Truss the saviour exposes ‘Labour’s secret plan’ | John Crace
Totally lacking in self-awareness, ex-PM also appears to be ignorant of something everyone else has known for ages I t’s one of the great philosophical questions of our age. Or any age, for that matter. If Liz Truss didn’t exist, would it be possible to imagine her? Could anyone
Totally lacking in self-awareness, ex-PM also appears to be ignorant of something everyone else has known for ages
I t’s one of the great philosophical questions of our age. Or any age, for that matter. If Liz Truss didn’t exist, would it be possible to imagine her? Could anyone conceive that someone so brain-meltingly dim could have once been our prime minister?
And even if they could, would they have dared to believe that in harness with this industrial-strength stupidity there could be such a total lack of self-awareness. Liz comes with a vacuum-packed confidence in her own talent. While the real world treats her, at best as a joke, at worst as the last cockroach still standing, she maintains her Messiah complex. The saviour waiting to rise from these streets.

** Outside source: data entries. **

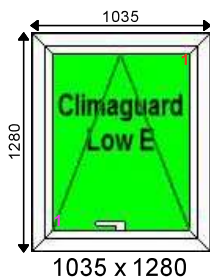

Frame Specification:

Win Handle: Inline Hndl - White
Win Hinge: Friction Hinges (SH &TH)
Win Lock: Yale SBD Twin Cam Lock
Frame Finish: White Outside & Inside
Cill: No Cill
Beading: 3027 28mm Ovolo Bead White
Reinforcing: Std Steel

Additional Frame Details:

Glazing:

28mm 4/20/4 Clear K or Climaguard SC Warm Edge

Dimensions:

Overall Size: 1035 x 1280
Actual Frame Size: 1035 x 1280

Window 190	Deceuninck 2500	White - Int Casement - WIDE OUTER	Qty: 1	£100.00

In LizWorld, the problem is not that we had too much of her. It’s that we never got enough. And there’s a bit of me that can’t help agreeing. Forty-nine days – really, 39 days, as during the 10 days of state mourning for the late queen, Liz was prevented from doing any actual harm – was just too short.
Yes, I know she still crashed the economy and left us all worse off, but that was almost a price worth paying for white-knuckle ride entertainment. You wait more than 200 years for a prime minister this unsuited to high office, and I was fortunate enough to have a ringside seat for all of it. Just think of what she might have achieved had she been able to stick around for a few more months. A UK on its knees.

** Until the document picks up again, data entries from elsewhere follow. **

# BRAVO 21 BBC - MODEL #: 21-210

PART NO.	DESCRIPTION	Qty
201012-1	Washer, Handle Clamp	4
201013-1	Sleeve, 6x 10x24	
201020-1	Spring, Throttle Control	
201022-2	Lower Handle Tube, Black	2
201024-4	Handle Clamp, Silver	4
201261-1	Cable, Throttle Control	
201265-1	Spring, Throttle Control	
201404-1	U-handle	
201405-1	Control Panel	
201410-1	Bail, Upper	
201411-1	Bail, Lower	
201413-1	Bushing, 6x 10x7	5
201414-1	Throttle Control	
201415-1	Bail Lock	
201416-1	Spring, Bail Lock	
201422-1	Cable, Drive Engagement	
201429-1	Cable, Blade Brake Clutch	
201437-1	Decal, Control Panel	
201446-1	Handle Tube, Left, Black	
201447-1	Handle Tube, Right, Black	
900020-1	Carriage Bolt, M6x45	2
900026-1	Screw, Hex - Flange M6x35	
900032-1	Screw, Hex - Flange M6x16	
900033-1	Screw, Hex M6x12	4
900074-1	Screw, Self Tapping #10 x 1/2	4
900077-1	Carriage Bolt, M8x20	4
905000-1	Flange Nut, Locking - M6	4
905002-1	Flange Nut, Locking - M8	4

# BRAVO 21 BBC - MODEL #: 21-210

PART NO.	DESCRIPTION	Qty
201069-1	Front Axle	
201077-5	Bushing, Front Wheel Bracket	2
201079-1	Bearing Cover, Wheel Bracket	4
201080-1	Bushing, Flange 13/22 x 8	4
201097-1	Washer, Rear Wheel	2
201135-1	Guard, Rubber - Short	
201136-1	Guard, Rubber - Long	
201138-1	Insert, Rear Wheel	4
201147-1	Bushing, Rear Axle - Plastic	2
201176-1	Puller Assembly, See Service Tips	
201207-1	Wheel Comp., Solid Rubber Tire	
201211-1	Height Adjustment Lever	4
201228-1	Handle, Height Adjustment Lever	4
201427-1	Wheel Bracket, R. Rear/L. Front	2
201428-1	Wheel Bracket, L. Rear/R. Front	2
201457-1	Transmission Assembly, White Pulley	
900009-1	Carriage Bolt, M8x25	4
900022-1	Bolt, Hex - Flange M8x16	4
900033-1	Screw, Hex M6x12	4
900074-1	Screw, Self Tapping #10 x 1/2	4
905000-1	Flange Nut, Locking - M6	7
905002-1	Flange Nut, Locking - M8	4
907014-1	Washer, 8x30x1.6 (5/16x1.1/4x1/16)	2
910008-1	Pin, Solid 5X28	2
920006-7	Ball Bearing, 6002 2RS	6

These days, though, Truss lives a mysterious half-life. Split between the real world and the meta-world. Both existing and not existing. Occasionally spotted making incoherent speeches to small gatherings of the far right in the US, but mostly confined to a small attic space that doubles as the studio for her no expense incurred The Liz Truss Show on her YouTube channel. Each episode of which deserves the accolade of “mini-classic”. Just not in the way she might have hoped. Because with every outing she goes from bad to worse.
Late on Wednesday, Liz released her latest offering. Boldly called “Labour’s Secret Plan: Labour PANICKING as Reform surges in Makerfield By-Election”. This promised to be the inside story on Makerfield. An on-the-ground exposé of what all the major media outlets had missed so far. A perspective so radical it would change everyone’s perceptions. And to help her, Liz had gone to the very top. No need for John Curtice, every TV channel’s go-to expert for polling analysis. Nor for the equally brilliant Rob Ford, the man the Beeb uses when Curtice is unavailable.
Instead, Liz had signed up June Slater. A former Ukip member, political blogger and occasional talking head on GB News. The psephologist’s psephologist. The election guru of our times. June wasted no time in getting down to it. Even though most anecdotal evidence from the constituency suggests Labour are likely to win relatively comfortably with even Reform privately admitting they would need a miracle, Liz and June saw things differently. Labour were definitely panicking. Or PANICKING as Truss put it.